2.2. Effects of PFGF on Body Weight and Liver Index

The results of the body weight, liver weight, and liver index are shown in Figure 1A–D. After the alcohol gavage, the weight of the mice significantly decreased. After 6 weeks of intragastrical administration, compared with the model (EtOH) group, the probiotic (P) and GF groups showed no significant recovery in their body weight, whereas that of the PFGF group significantly increased.
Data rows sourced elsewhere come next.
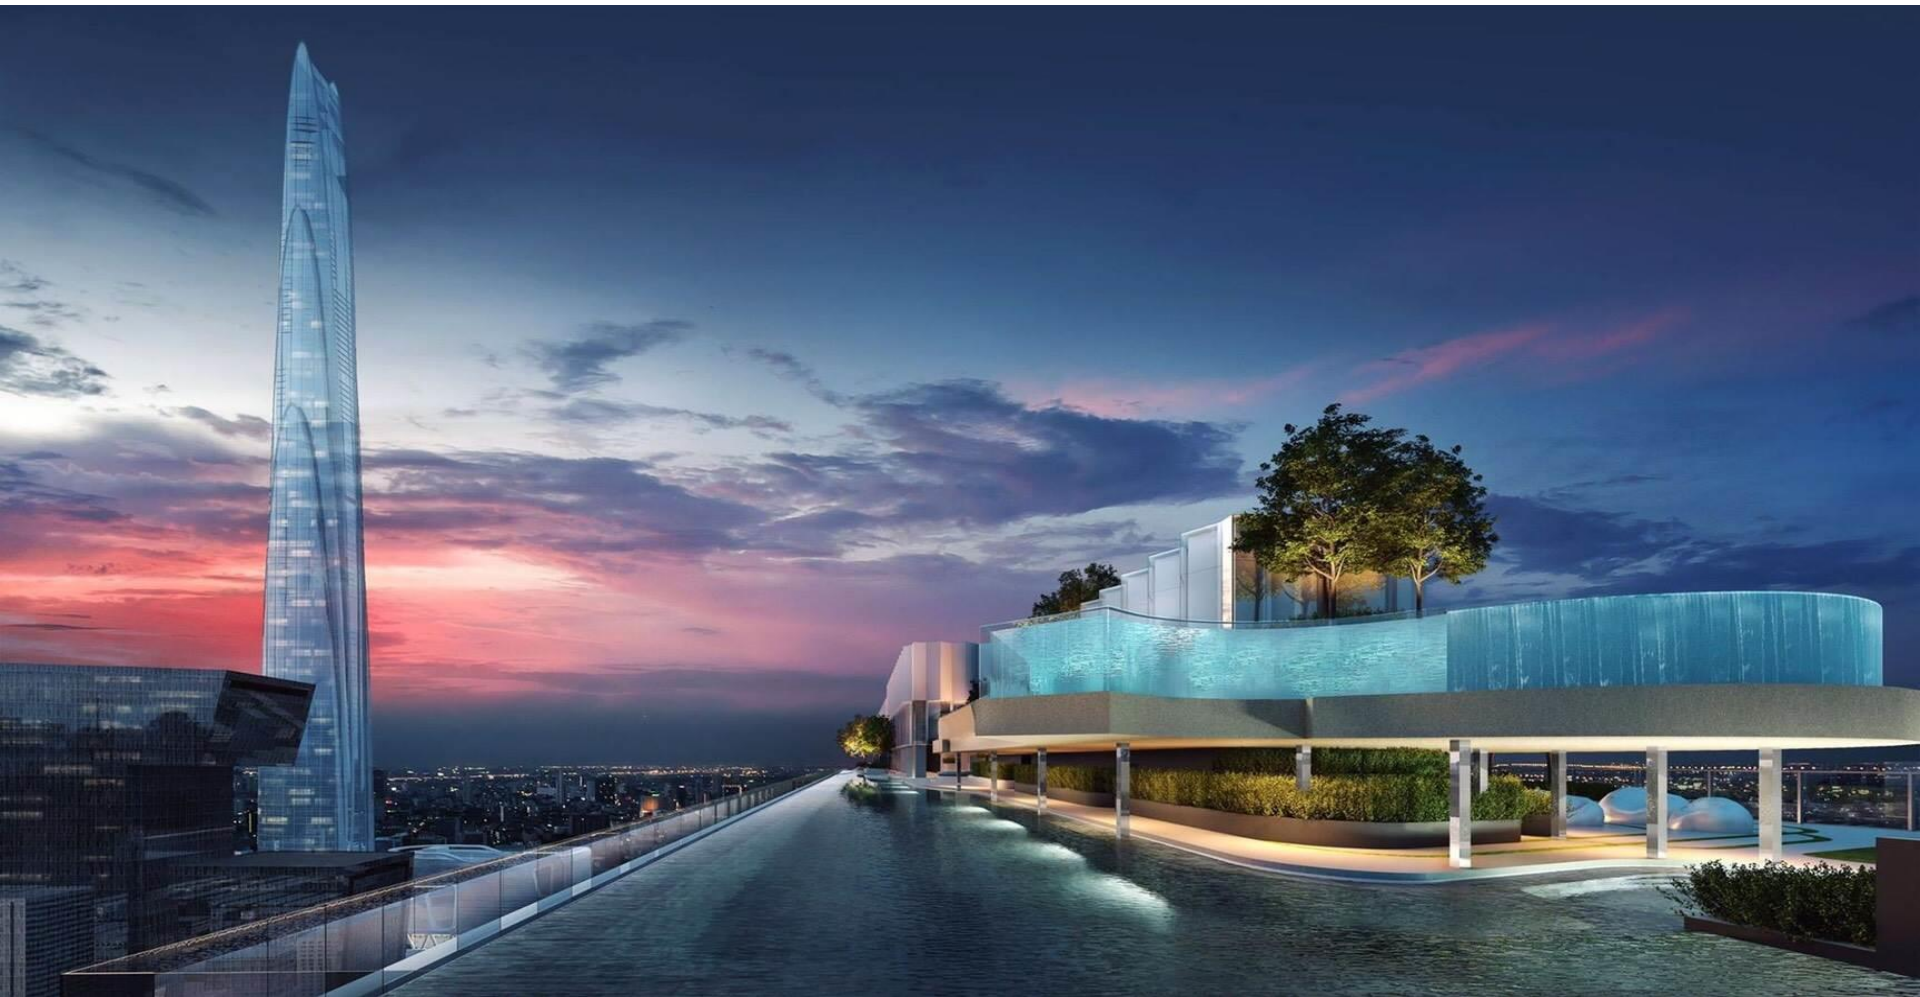

Thai Easy Condo

Life
ASOKE - RAMA9
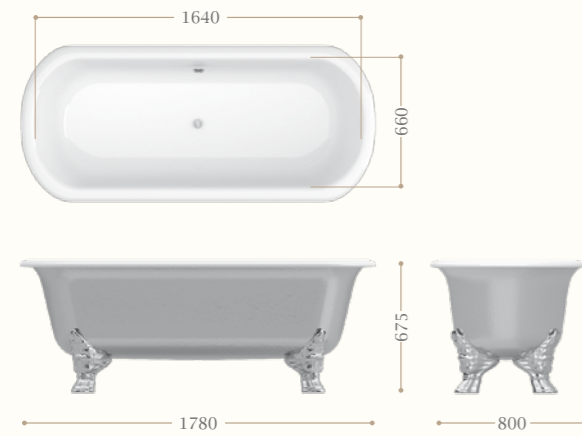

Vasche in ghisa - *Cast iron bathtubs*

Carlton

decorata in foglia argento
in luxury finishing silver leaf

Codice/Code 9142

set piedi in ghisa/cast iron feet set:
argento/silver
codice RAL/colours RAL code
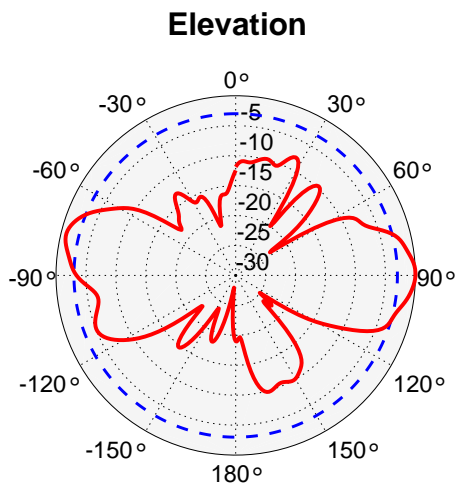

HG2471-06DPU-4RSP

Radiation Patterns of 5550 MHz
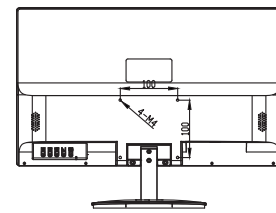

### DIMENSIONS

	19.5"	21.5"
<b>Size</b>	19.5"	21.5"
<b>Screen Type</b>	LED Backlight	LED Backlight
<b>Maximum Resolution</b>	1600x900	1920x1080
<b>Aspect Ratio</b>	16:9	16:9
<b>Video System</b>	PAL / NTSC	PAL / NTSC
<b>Pixel Pitch</b>	0.27x0.27mm	0.25x0.25mm
<b>Contrast Ratio</b>	1000:1	1000:1
<b>Brightness</b>	250CD/M2	250CD/M2
<b>Start Up Time</b>	5ms	5ms
<b>Viewing Angle</b>	178/170	178/178
<b>Display Colours</b>	16.7M	16.7M
<b>TV Lines</b>	900 Lines	1080 Lines
<b>PC Compatible Frequency</b>	25/30/50/60 fps	25/30/50/60 fps
<b>Picture in Picture</b>	N/A	N/A
<b>On Screen Menu</b>	Yes	Yes
<b>Languages</b>	English, Chinese, Italian, German, French, Russian, Spanish, Portuguese, Japanese, Korean, Dutch, Poland, Swedish, Finnish ,	English, Chinese, Italian, German, French, Russian, Spanish, Portuguese, Japanese, Korean, Dutch, Poland, Swedish, Finnish ,
<b>3D Comb Filter</b>	N/A	N/A
<b>3D Noise Reduction</b>	N/A	N/A
<b>MAX HDMI</b>	6m	6m
<b>Auto Adjust Resolution</b>	Yes	Yes
<b>Case Type</b>	Robust Plastic	Robust Plastic
<b>Protective Screen Cover</b>	N/A	N/A
<b>Bezel Thickness</b>	Left/Right 16mm/ Top18mm Bottom 21mm	Left/Right 16mm/ Top18mm Bottom 21mm
<b>Colour</b>	Black	Black
<b>VESA Standard Mount</b>	100mm x 100mm	100mm x 100mm
<b>Stand Type</b>	Desktop (removable)	Desktop (removable)
<b>Button Type</b>	Auto , Menu, Volume +/-, Channel +/-, Power	Auto , Menu, Volume +/-, Channel +/-, Power
<b>Button Position</b>	Rear panel, bottom right corner	Rear panel, bottom right corner
<b>Remote Control</b>	N/A	N/A
<b>Video Inputs</b>	VGA,HDMI	VGA,HDMI
<b>Output</b>	N/A	N/A
<b>Audio Interface</b>	N/A	N/A
<b>Speaker</b>	2x2.5W	2x2.5W
<b>Power Adapter</b>	AC110~220V	AC110~220V
<b>Supply Voltage</b>	DC12V	DC12V
<b>Power Consumption</b>	< 18W	<21W
<b>Operating Humidity</b>	5%~80%	5%~80%
<b>Operating Temperature</b>	0~40°	0~40°
<b>Packing Dimensions</b>	505x350x110mm	548x370x110mm
<b>NET Weight</b>	2.7kg	3.0kg
<b>GROSS Weight</b>	3.4kg	3.9kg
<b>Certification</b>	FCC, CE, RoHS	FCC, CE, RoHS
<b>Accessories</b>	Power adapter, Kettle lead, User manual, HDMI cable	Power adapter, Kettle lead, User manual, HDMI cable
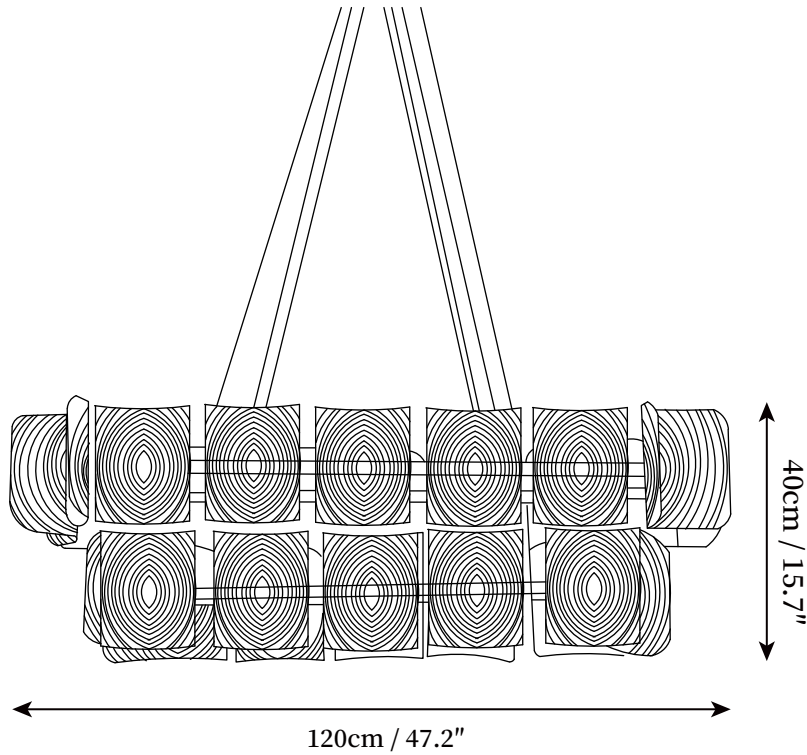

SPECIFICATION SHEET

SPECIFICATION DETAILS

*For custom options, consult factory for details

Fixture Dimensions	L 39.4" x W 11" x H 7.9" L 47.2" x W 19.7" x H 7.9"
Light source	Integrated LED
Wattage	~ 5W
Voltage	AC 110-240V
Dimming	Not supported
CRI(Ra)	90+ CRI
Mounting	Hardwired.
LED Rated Life	30000 hours
Color Temperature	Warm Light (3000K), Neutral Light (4000K), Cool Light (6000K)
Control method	Compatible with common wall switches(not included)
Finishes	Brass.
Shadow Details	Frosted white glass.
Material	Brass, Glass.
Wire Length	The standard length of the cord is 59" (150 cm), the length is adjustable.

SPECIFICATION SHEET

SPECIFICATION DETAILS

*For custom options, consult factory for details

Fixture Dimensions	L 47.2" x W 19.7" x H 15.7"
Light source	Integrated LED
Wattage	~ 5W
Voltage	AC 110-240V
Dimming	Not supported
CRI(Ra)	90+ CRI
Mounting	Hardwired.
LED Rated Life	30000 hours
Color Temperature	Warm Light (3000K), Neutral Light (4000K), Cool Light (6000K)
Control method	Compatible with common wall switches(not included)
Finishes	Brass.
Shadow Details	Frosted white glass.
Material	Brass, Glass.
Wire Length	The standard length of the cord is 59" (150 cm), the length is adjustable.
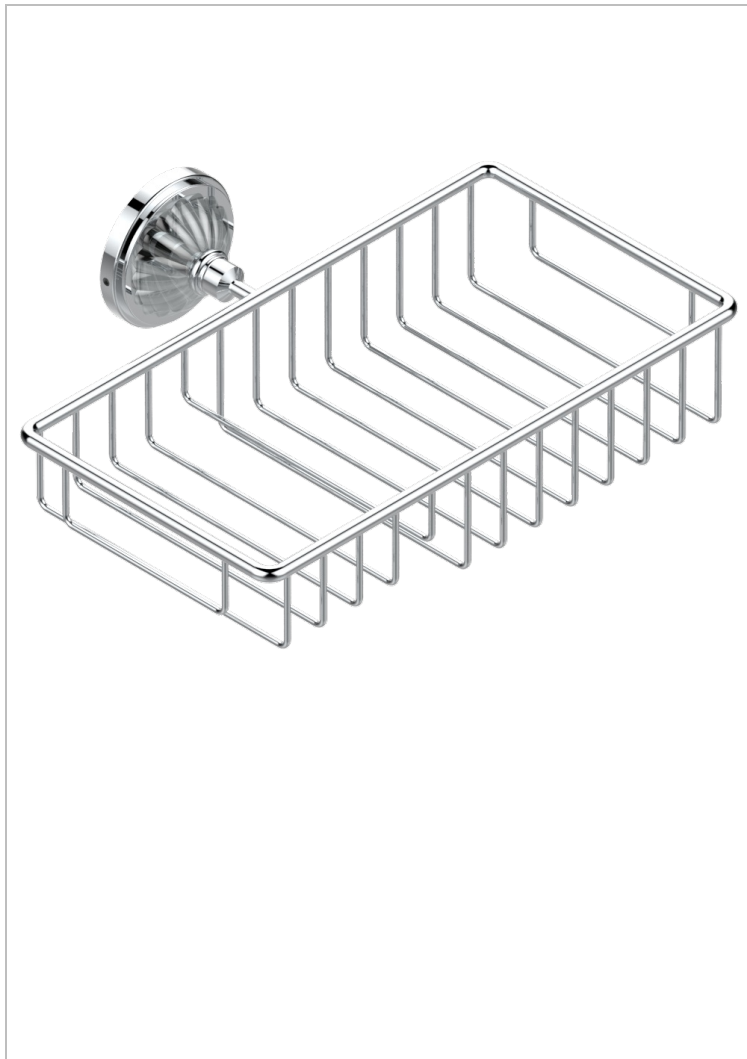

MANDARINE CLEAR CRYSTAL

U1D-2620

Combined soap and sponge holder with flange, 240 x 130 mm

THG[®]
PARIS

CHARACTERISTIC

- Mandarine Clear crystal
- Combined soap and sponge holder with flange, 240 x 130 mm

AVAILABLE FINITIONS

Antique nickel - H28
Black ceram - D30
Blush PVD - H62
Brass color PVD - H49
Brown bronze color PVD - F33
Gold color PVD - H52

Graphite PVD - H64
Lacquered light bronze - D01
Matt Umber PVD - H67
Matt blush PVD - H60
Matt brass color PVD - H50
Matt brown bronze color PVD - F34
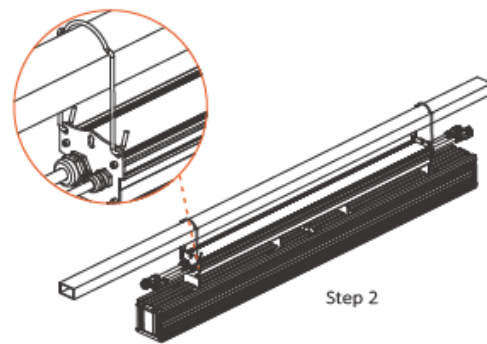

101	107	99
108	112	103
103	109	100

330W 2.4 μmol/J 24" Height

2'x4'

136	145	134
156	161	152
147	157	148

530W 2.4 μmol/J 12" Height

2'x4'

103	105	100
118	121	115
110	118	111

530W 2.4 μmol/J 12" Height

GRWSL INSTALL

Installation made easy!

1. Set the hooks on the beam.

2. Hang the light into hooks.

APPLICATION
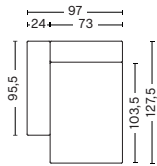

**MAGS NARROW CHAISE LONGUE
MODULE SHORT**

Left armrest*

Art. 8162
W73/97 x D103,5/127,5 x H40/67 cm
Armrest W24 x D95,5 cm

Upholstery

Fabric group 1
Fabric group 2
Fabric group 3
Fabric group 4
Fabric group 5
Fabric group 6
Not available in leather
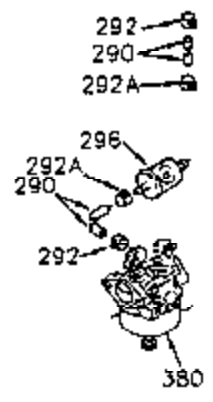

ILLUSTRATION SHOWS TYPICAL PARTS ONLY. ORDER BY PART NUMBER. PARTS NOT LISTED ARE SUPPLIED BY OEM. .

Ref #	Part Number	Qty	Description
64	30063		Screw, Torx T-30, 1/4-20"
131	30063		Screw, Torx T-30, 1/4-20 x 1/2"
239A	34912		* Air Cleaner Gasket To Blower Housing
240A	34909		Air Cleaner Body
243	650875		Screw, 10-32 x 5-1/4"
245B	34910		Air Cleaner Filter
245	35108		Air Cleaner Filter
250A	34911		Air Cleaner Cover
252A	650784		Screw, 10-24 x 11/16"
260B	35338A		Blower Housing
262	29747B		Screw, Torx T-40, 5/16-24 x 21/32"
285A	35411		Starter Screen
287	XXXXX		Pop Rivet (Can Be Purchased Locally)
290	29774		Fuel Line
292	26460		Fuel Line Clamp
296	34279B		Fuel Filter (Incl. 292)
308A	35437		Fill Tube Clip
325	27275		Wire Clip
327	34113		Starter Plug
380	632469		Carburetor (Incl. 184)
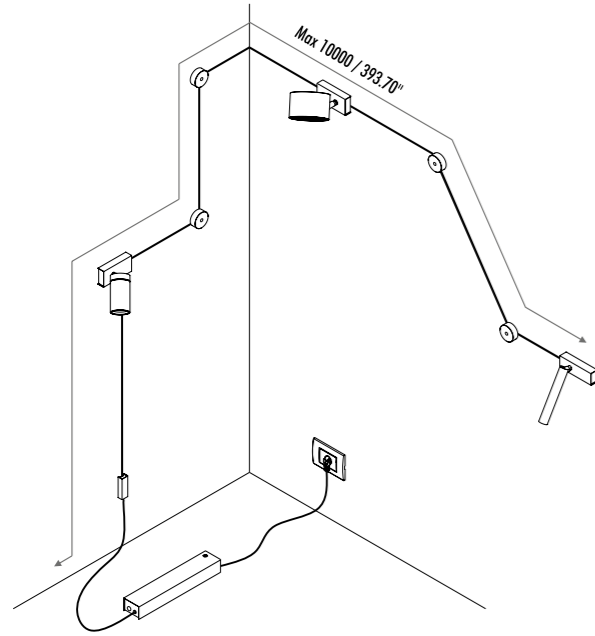

WALL AND CEILING ROSE KIT
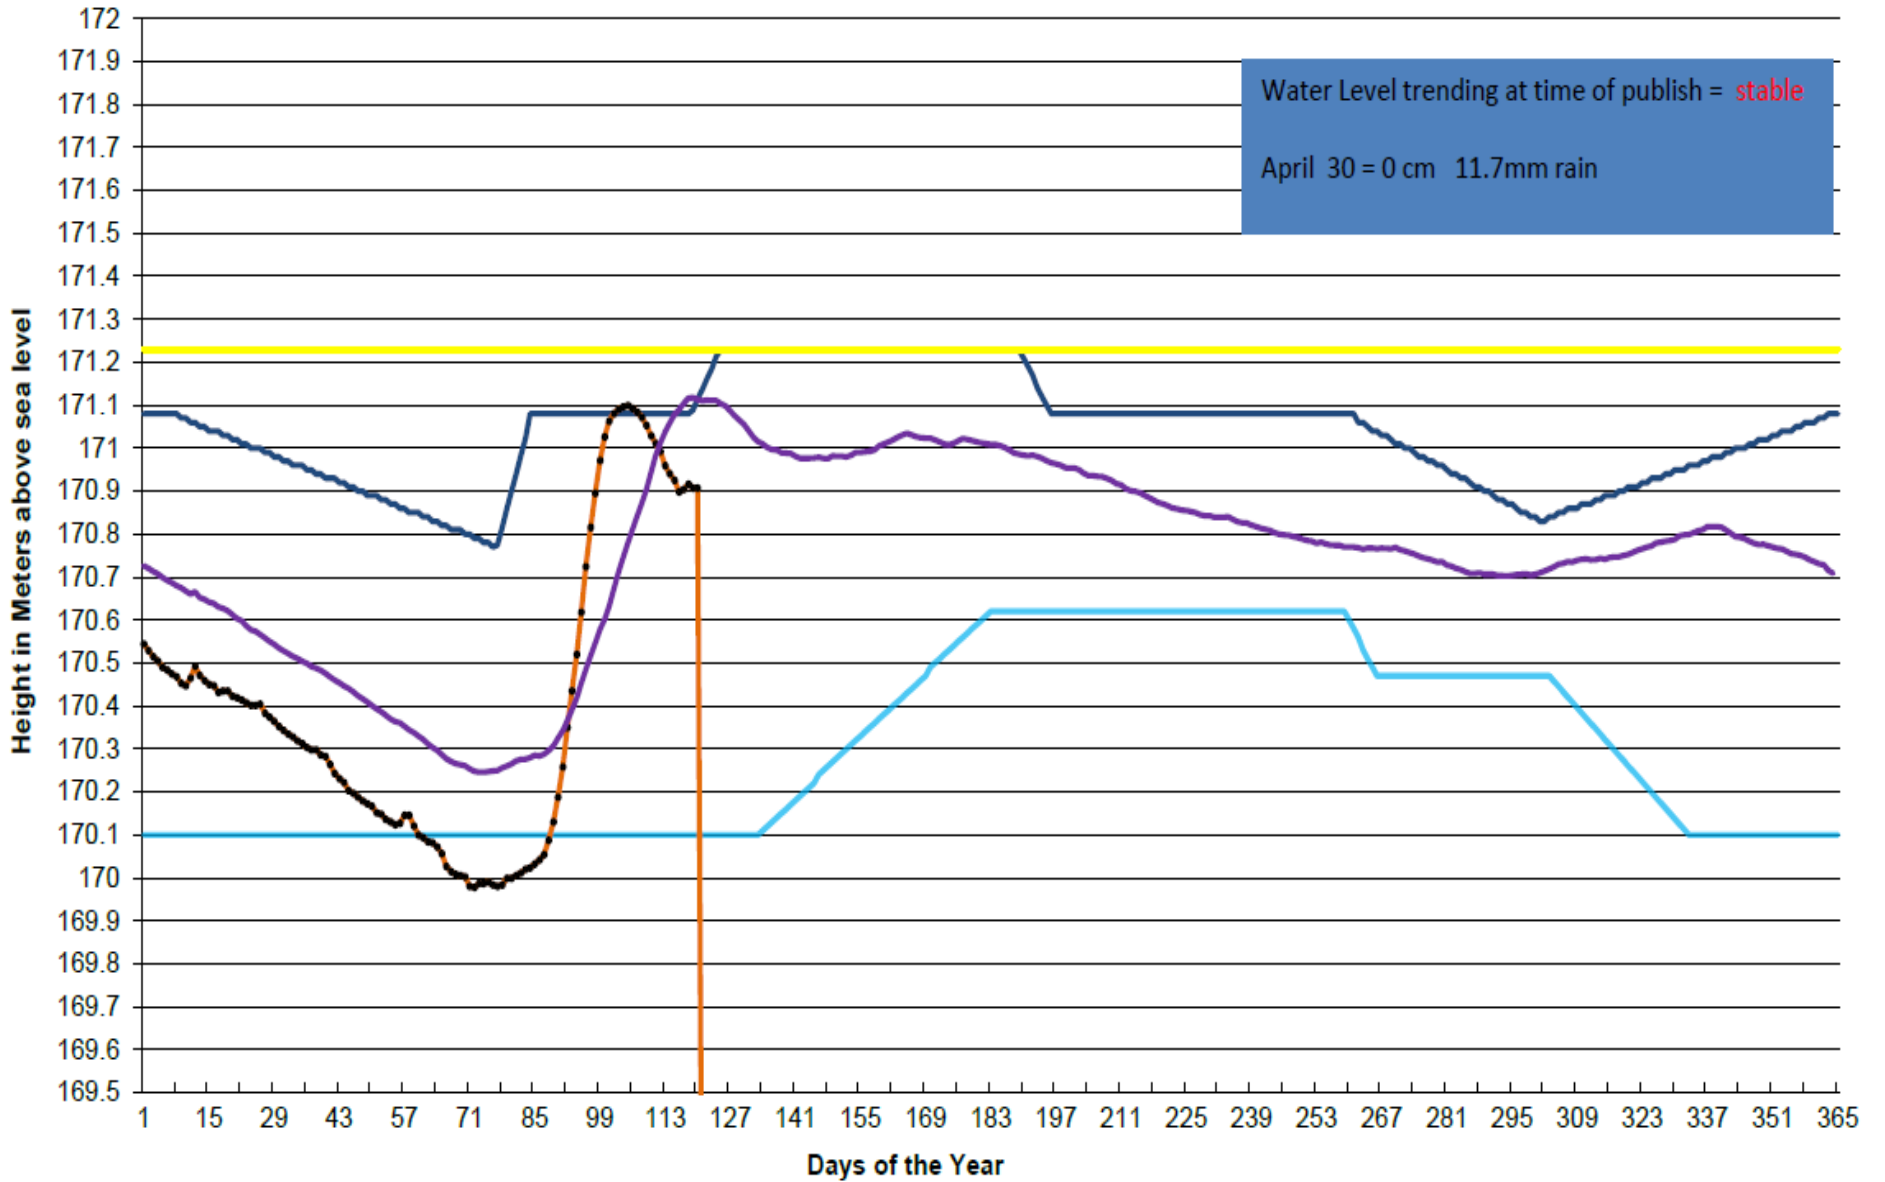

# 2020 Round Lake Daily Operating Regime Jan 1 to Apr 30 Logs 12

Legend: Upper Limit (dark blue line), Lower Limit (light blue line), L. of Occ. (yellow line), actual operation (orange line with dots), 15 year Operating avg. (purple line)

## 2020 Golden Lake Daily Operating Regime Jan 1 to Apr 30 Logs 0

# Lake Clear 2020 WEEK 17

### RPG 2020 Levels for Renfrew Dam #1 Jan 1 to April 30

Compared with the EtOH group, the mice in the P, GF, and PFGF groups showed significantly decreased liver weights and liver indexes.
Body weight is an important parameter indicating the physical state of the mice, and it can reflect the intestinal absorption of nutrients [2,37]. The liver index reflects the degree of liver damage [38]. The recovery of body weight indicated that PFGF could better restore the function of intestinal absorption, which might be related to the direct intake of lactic acid with PFGF [39]. The decline in the liver index indicated that P, GF and PFGF could decrease the amount of liver damage.

2.3. Effects of PFGF on Biochemical Parameters of Serum and Liver

The data about the serum total cholesterol (TC), triglyceride (TG), endotoxin (LPS), aspartate aminotransferase (AST), alanine aminotransferase (ALT), liver superoxide dismutase (SOD), GSH, LPS, and malondialdehyde (MDA) are shown in Figure 2A–I. After 6 weeks of intragastrical administration, compared with the M group, all of the biochemical parameters of the P, GF, and PFGF groups improved. Compared with the GF group, the TC of the PFGF group significantly decreased. Compared with that of the P group, the SOD of the PFGF group was also significantly increased.
The TC and TG in the serum reflect the liver’s function. The AST and ALT in the serum reflect the levels of hepatocyte necrosis [40]. LPS and MDA are major factors in inflammation and liver damage, whereas SOD and GSH are antioxidative factors that protect the liver against the excessively increased levels of LPS and MDA [41,42].
The amelioration of the biochemical parameters in this study indicated that P, GF, and PFGF had a recovery effect on the liver damage, of which PFGF produced the best effect. The metabolites of P in the intestinal tract, GF and PFGF, show a favorable antioxidant activity, which can reduce the alcohol-induced intestinal inflammation [43]. Both the probiotics and Grifola frondosa have a positive intestinal microbiota regulation ability [23,44,45]. They have the ability to attenuate the intestinal inflammation caused by the alcohol-induced flora disorder. The amelioration of intestinal inflammation decreases intestinal permeability, preventing harmful bacterial products from entering the blood system by crossing the intestinal barrier, recovering the liver from injury, and further improving the liver’s function.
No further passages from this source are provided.